Exercise requirements:
Your task is to copy the data exactly while leaving out every picture.

Supplied entries:
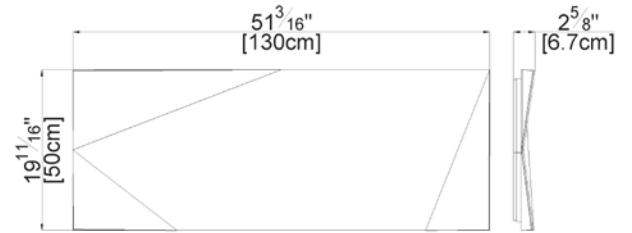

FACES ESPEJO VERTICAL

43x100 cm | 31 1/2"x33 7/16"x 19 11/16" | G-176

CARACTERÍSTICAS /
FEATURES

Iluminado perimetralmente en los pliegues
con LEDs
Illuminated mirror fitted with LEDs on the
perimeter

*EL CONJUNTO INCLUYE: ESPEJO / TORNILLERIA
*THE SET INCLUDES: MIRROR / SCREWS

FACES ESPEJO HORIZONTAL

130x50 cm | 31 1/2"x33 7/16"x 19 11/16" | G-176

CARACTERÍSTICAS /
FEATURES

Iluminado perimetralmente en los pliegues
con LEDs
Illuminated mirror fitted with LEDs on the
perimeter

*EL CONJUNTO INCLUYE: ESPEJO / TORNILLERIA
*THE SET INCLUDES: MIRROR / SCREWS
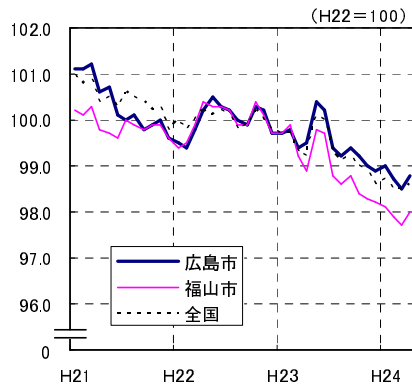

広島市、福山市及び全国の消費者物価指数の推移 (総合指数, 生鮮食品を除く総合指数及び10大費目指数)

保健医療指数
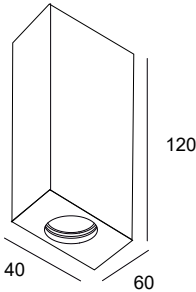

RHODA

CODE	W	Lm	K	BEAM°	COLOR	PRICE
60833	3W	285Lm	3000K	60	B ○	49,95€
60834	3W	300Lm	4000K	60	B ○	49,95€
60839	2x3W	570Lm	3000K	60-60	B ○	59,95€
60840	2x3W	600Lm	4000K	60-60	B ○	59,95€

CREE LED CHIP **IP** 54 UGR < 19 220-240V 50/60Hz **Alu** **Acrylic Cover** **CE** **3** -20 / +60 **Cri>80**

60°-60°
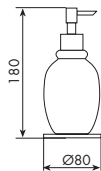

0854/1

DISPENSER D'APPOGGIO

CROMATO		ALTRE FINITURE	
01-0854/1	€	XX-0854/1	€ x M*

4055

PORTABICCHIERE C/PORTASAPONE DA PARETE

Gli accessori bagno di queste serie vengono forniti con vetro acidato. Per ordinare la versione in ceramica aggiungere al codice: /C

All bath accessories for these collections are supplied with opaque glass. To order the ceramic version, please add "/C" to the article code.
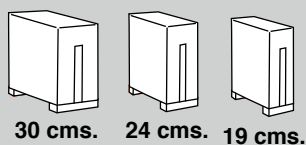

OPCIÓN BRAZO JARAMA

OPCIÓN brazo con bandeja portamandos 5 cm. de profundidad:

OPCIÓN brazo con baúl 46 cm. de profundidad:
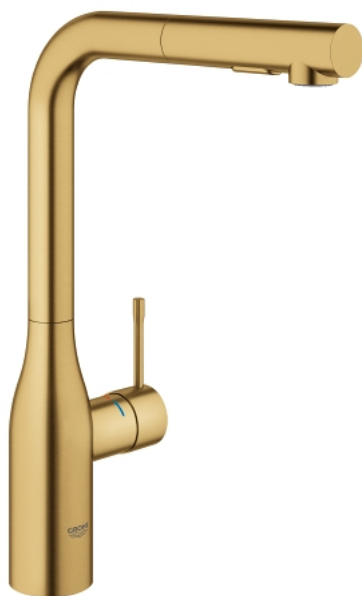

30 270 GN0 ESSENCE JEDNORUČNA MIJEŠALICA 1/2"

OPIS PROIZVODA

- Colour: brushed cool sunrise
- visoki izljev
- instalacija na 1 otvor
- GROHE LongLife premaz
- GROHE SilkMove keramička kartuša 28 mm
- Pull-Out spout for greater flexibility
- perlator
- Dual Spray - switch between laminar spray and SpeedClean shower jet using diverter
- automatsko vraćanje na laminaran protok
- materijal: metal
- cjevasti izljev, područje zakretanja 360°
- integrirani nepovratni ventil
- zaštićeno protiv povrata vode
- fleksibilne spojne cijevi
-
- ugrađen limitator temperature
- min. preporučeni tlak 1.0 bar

Solution for this problem:
FACES ESPEJO VERTICAL

43x100 cm | 31 1/2"x33 7/16"x 19 11/16" | G-176

CARACTERÍSTICAS /
FEATURES

Iluminado perimetralmente en los pliegues
con LEDs
Illuminated mirror fitted with LEDs on the
perimeter

*EL CONJUNTO INCLUYE: ESPEJO / TORNILLERIA
*THE SET INCLUDES: MIRROR / SCREWS

FACES ESPEJO HORIZONTAL

130x50 cm | 31 1/2"x33 7/16"x 19 11/16" | G-176

CARACTERÍSTICAS /
FEATURES

Iluminado perimetralmente en los pliegues
con LEDs
Illuminated mirror fitted with LEDs on the
perimeter

*EL CONJUNTO INCLUYE: ESPEJO / TORNILLERIA
*THE SET INCLUDES: MIRROR / SCREWS

広島市、福山市及び全国の消費者物価指数の推移 (総合指数, 生鮮食品を除く総合指数及び10大費目指数)

保健医療指数

RHODA

CODE	W	Lm	K	BEAM°	COLOR	PRICE
60833	3W	285Lm	3000K	60	B ○	49,95€
60834	3W	300Lm	4000K	60	B ○	49,95€
60839	2x3W	570Lm	3000K	60-60	B ○	59,95€
60840	2x3W	600Lm	4000K	60-60	B ○	59,95€

CREE LED CHIP **IP** 54 UGR < 19 220-240V 50/60Hz **Alu** **Acrylic Cover** **CE** **3** -20 / +60 **Cri>80**

60°-60°

0854/1

DISPENSER D'APPOGGIO

CROMATO		ALTRE FINITURE	
01-0854/1	€	XX-0854/1	€ x M*

4055

PORTABICCHIERE C/PORTASAPONE DA PARETE

Gli accessori bagno di queste serie vengono forniti con vetro acidato. Per ordinare la versione in ceramica aggiungere al codice: /C

All bath accessories for these collections are supplied with opaque glass. To order the ceramic version, please add "/C" to the article code.

OPCIÓN BRAZO JARAMA

OPCIÓN brazo con bandeja portamandos 5 cm. de profundidad:

OPCIÓN brazo con baúl 46 cm. de profundidad:

30 270 GN0 ESSENCE JEDNORUČNA MIJEŠALICA 1/2"

OPIS PROIZVODA

- Colour: brushed cool sunrise
- visoki izljev
- instalacija na 1 otvor
- GROHE LongLife premaz
- GROHE SilkMove keramička kartuša 28 mm
- Pull-Out spout for greater flexibility
- perlator
- Dual Spray - switch between laminar spray and SpeedClean shower jet using diverter
- automatsko vraćanje na laminaran protok
- materijal: metal
- cjevasti izljev, područje zakretanja 360°
- integrirani nepovratni ventil
- zaštićeno protiv povrata vode
- fleksibilne spojne cijevi
-
- ugrađen limitator temperature
- min. preporučeni tlak 1.0 bar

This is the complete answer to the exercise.